(Dataset content Opens)

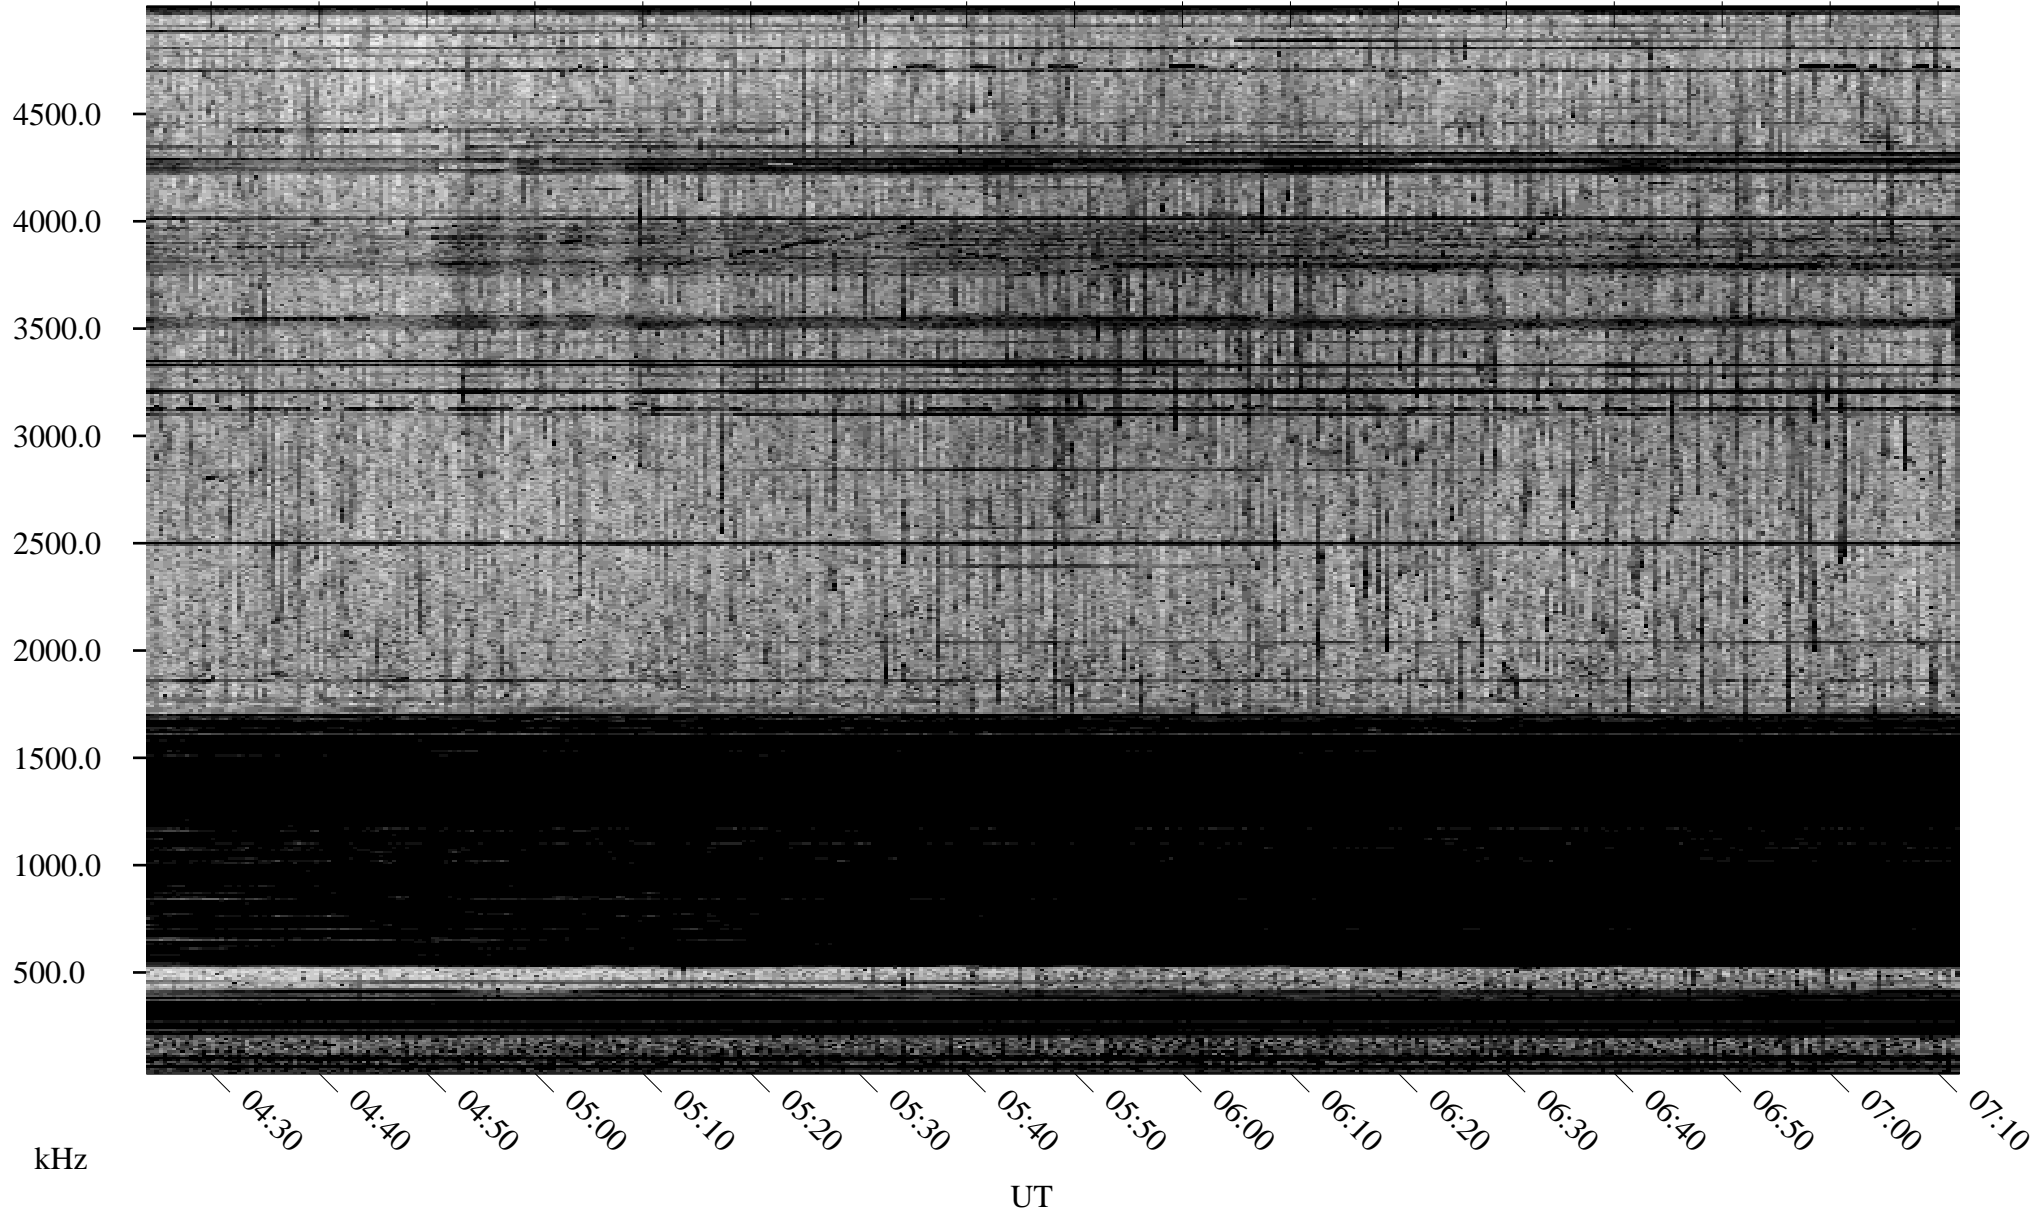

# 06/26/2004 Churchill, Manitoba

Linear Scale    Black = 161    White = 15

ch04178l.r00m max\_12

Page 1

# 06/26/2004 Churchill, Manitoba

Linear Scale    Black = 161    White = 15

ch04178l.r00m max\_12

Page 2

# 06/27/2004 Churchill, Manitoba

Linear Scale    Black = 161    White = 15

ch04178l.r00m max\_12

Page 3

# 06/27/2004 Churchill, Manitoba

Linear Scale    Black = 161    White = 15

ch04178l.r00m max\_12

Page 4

(Dataset content Closes)

Aim of the exercise: Hand back the records above exactly, leaving out every picture.

Output below:
# 06/26/2004 Churchill, Manitoba

Linear Scale    Black = 161    White = 15

ch04178l.r00m max\_12

Page 1

# 06/26/2004 Churchill, Manitoba

Linear Scale    Black = 161    White = 15

ch04178l.r00m max\_12

Page 2

# 06/27/2004 Churchill, Manitoba

Linear Scale    Black = 161    White = 15

ch04178l.r00m max\_12

Page 3

# 06/27/2004 Churchill, Manitoba

Linear Scale    Black = 161    White = 15

ch04178l.r00m max\_12

Page 4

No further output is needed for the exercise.